Re: what is the history behind Newton's law of cooling?

Bonjour Anna,

You're (sort of) in luck ... Newton presented the Law of Cooling in a paper entitled "Scala Graduum Caloris", published (in Latin of course!) in the Philosophical Transactions of the Royal Society of London, in 1701. I found an English translation of this paper online at http://web.bham.ac.uk/winterhs/Newton.htm (Isn't the Web amazing!)

However, reading three-hundred-year-old scientific papers is even harder than reading modern ones. I'll try to sum it up for you, which should make it easier to follow.

Basically, Newton had to make up his own temperature scale - you couldn't just buy a Celcius thermometer back in 1701 - so the first part of the paper discusses how he did this. He thought up a bunch of "reference temperatures" - the temperature at which water boils, the temperature at which metals glow faintly, the temperature at which bismuth melts, etc. He measured the temperatures of these events by asking "How much does 10,000 units of volume of linseed oil expand at this temperature"?
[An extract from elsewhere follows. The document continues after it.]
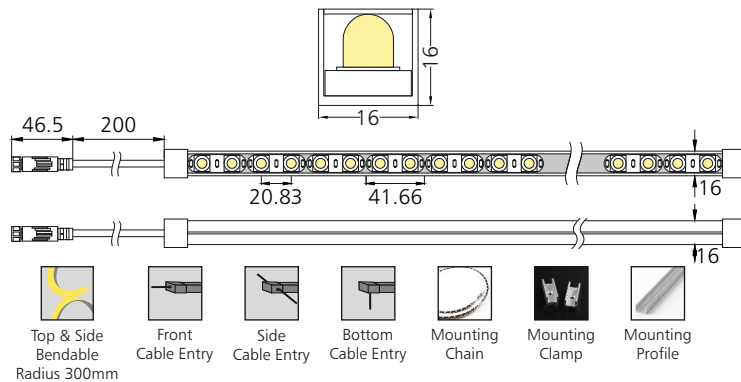

Power	18W/M
Lumen / CCT	1656lm/m - 2700K 1674lm/m - 3000K 1701lm/m - 4000K
UGR	<19
Beam Angle	30°
Driver Placement	Remote

Imagine building a crude thermometer, filled with linseed oil instead of mercury. You raise the temperature of the thermometer, the oil expands and rises up the tube. Then, instead of writing numbers 0-100 on the tube and calling them "degrees Celcius", Newton put little marks on the thermometer and labeled them "lead melts here; water boils here; bismuth melts here" and so on. Newton then put his own numerical scale on the tube, running from 0 (ice) to 192 (red-hot coals), and called the units "degrees of heat".

Then, for the cooling law itself, he heated a "pretty thick piece of iron red-hot". It was put in a cool place, and samples of the "temperature flags" were placed on it - a bit of bismuth, a bit of lead, a drop of water, etc. Newton observed how long it took before the bar cooled enough to solidify the lead, solidify the bismuth, to stop glowing, etc., and comparing these times to the marks on his imaginary linseed thermometer, he deduced that the rate of heat loss was linear with temperature; i.e. "The excess of degrees of heat [temperatures] of the iron ... were in geometrical progression, when the times were in arithmetical progression."

I don't know whether he'd invented enough calculus yet to turn the idea of "geometrical progression" into a differential equation, but that's how the experiment was done.

Interesting stuff indeed! And it gives you an idea of some of the difficulties of doing science way back then ... you had to invent your own temperature scales, know all sorts of chemistry, do all of the math by hand, etc. Newton was an alchemist, remember, so these sort of games with bismuth and tin and red-hot iron was right up his alley.

Hope this helps! Thanks for asking!

-Ben Monreal